Sheikh Sulaymān al-ʿAlwān or more fully known as, Sulaymān ibn Nāṣir ibn ʿAbdullāh al-ʿAlwān (), is a theoretician of militant jihad. He is known to have memorised the 9 books of Hadith with the chain of narrations known as 'Isnaad'. At a young age, he memorised a lot of texts in different Islamic sciences alongside the explanations of these texts.

Fatwa
In 2000, he issued a fatwa endorsing the use of suicide bombings against Israel, and in 2001 he supported the destruction of the Buddhas of Bamiyan by the Taliban.
Al-Alwan's mosque in Al-Qassim Province was criticised by moderate Islamic scholars as a "terrorist factory". Among his students was Abdulaziz al-Omari, one of the plane hijackers in the September 11 attacks. After the September 11 attacks, Al-Alwan issued two fatwas (21 September 2001 and 19 October 2001), in which he declared that any Muslim who supported the Americans in Afghanistan was an infidel, and called on all Muslims to support the Afghans and Taliban by any means, including jihad.
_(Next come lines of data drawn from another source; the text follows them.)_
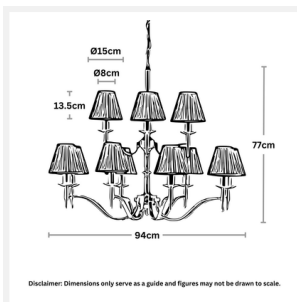

STANFORD

12 Light Nickel Chandelier – Shimmer Grey

PRODUCT DETAILS

- Type: Chandelier
- Material: Metal, Linen Fabric
- Colour: Nickel, Shimmer Grey / Taupe
- Designer: Paul Mulhearn
- Collection: Stanford

DIMENSIONS

- Overall Diameter: 940mm
- Frame / Fitting Diameter: 860mm
- Frame / Fitting Height: 770mm
- Shade Diameter: 80mm (T), 150mm (B)
- Shade Height: 135mm
- Suspension: 1000mm Chain and Cable

LAMPING INFORMATION

- Voltage Input: 240V
- Max. Wattage: 40W
- Light Source: B15 (Small Bayonet Cap)
- Bulb Included: No
- Number of Bulb Sockets: 12
- Dimmable: Globe Dependent
- Ingress Protection (IP Rating): IP20

ADDITIONAL INFORMATION

- Height Adjustable: Yes
- Approvals: RCM
- Care Instructions: Wipe clean with a dry cloth; do not use strong liquid cleaners
- Installation by a licensed electrician is required

www.vioredesign.com

In January 2002, Alwan and two other radical Saudi clerics, Hamoud al-Aqla al-Shuebi and Ali al-Khudair, wrote a letter to Taliban leader Mullah Omar praising him and referred to him as the Commander of the faithful.

Prison
On 31 March 2003, 11 days after the start of the Iraq War, al-Alwan published an open letter in which he called on the Iraqi people to fight the American soldiers and use suicide bombings against them. On 28 April 2004, Saudi authorities arrested al-Alwan and after being held for 9 years without trial, he was released on 5 December 2012.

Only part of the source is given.